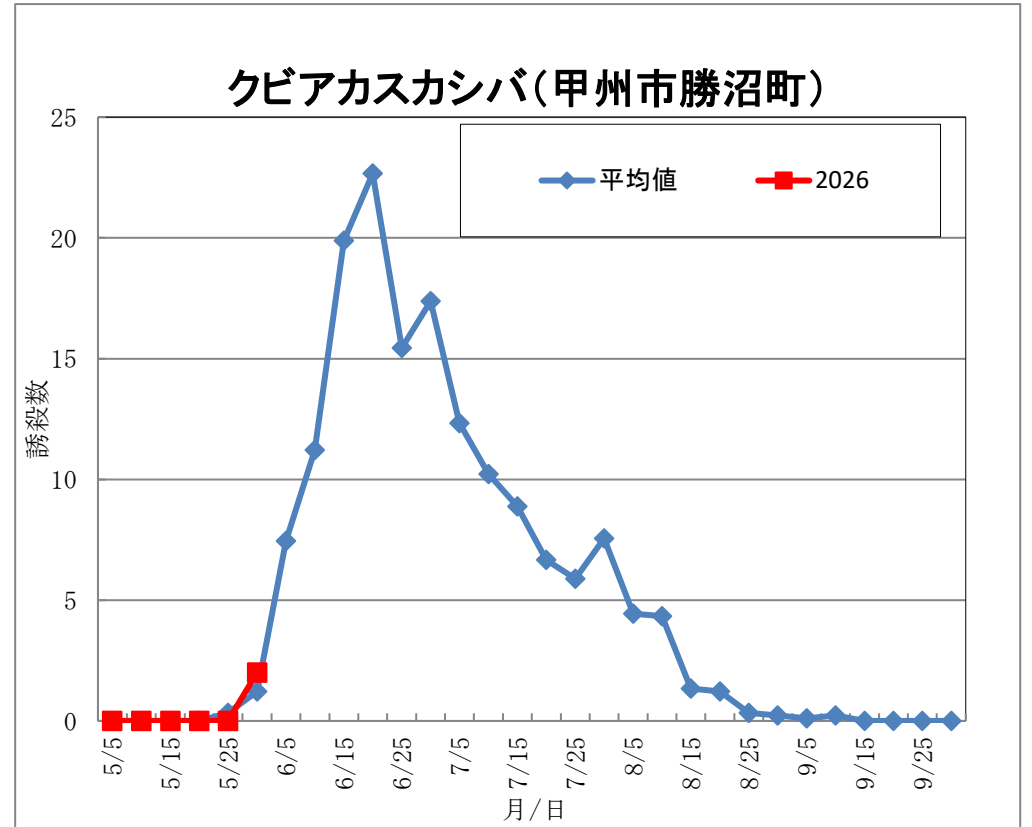

標高：406m

標高：484m

更新日は5月29日(金)です。
 次回更新は6月5日(金)以降の予定です。

··········

• _Prompt_
Your copy of the listing should match it exactly, apart from the pictures, which are left out.

• _Exercise output_
標高：406m

標高：484m

更新日は5月29日(金)です。
 次回更新は6月5日(金)以降の予定です。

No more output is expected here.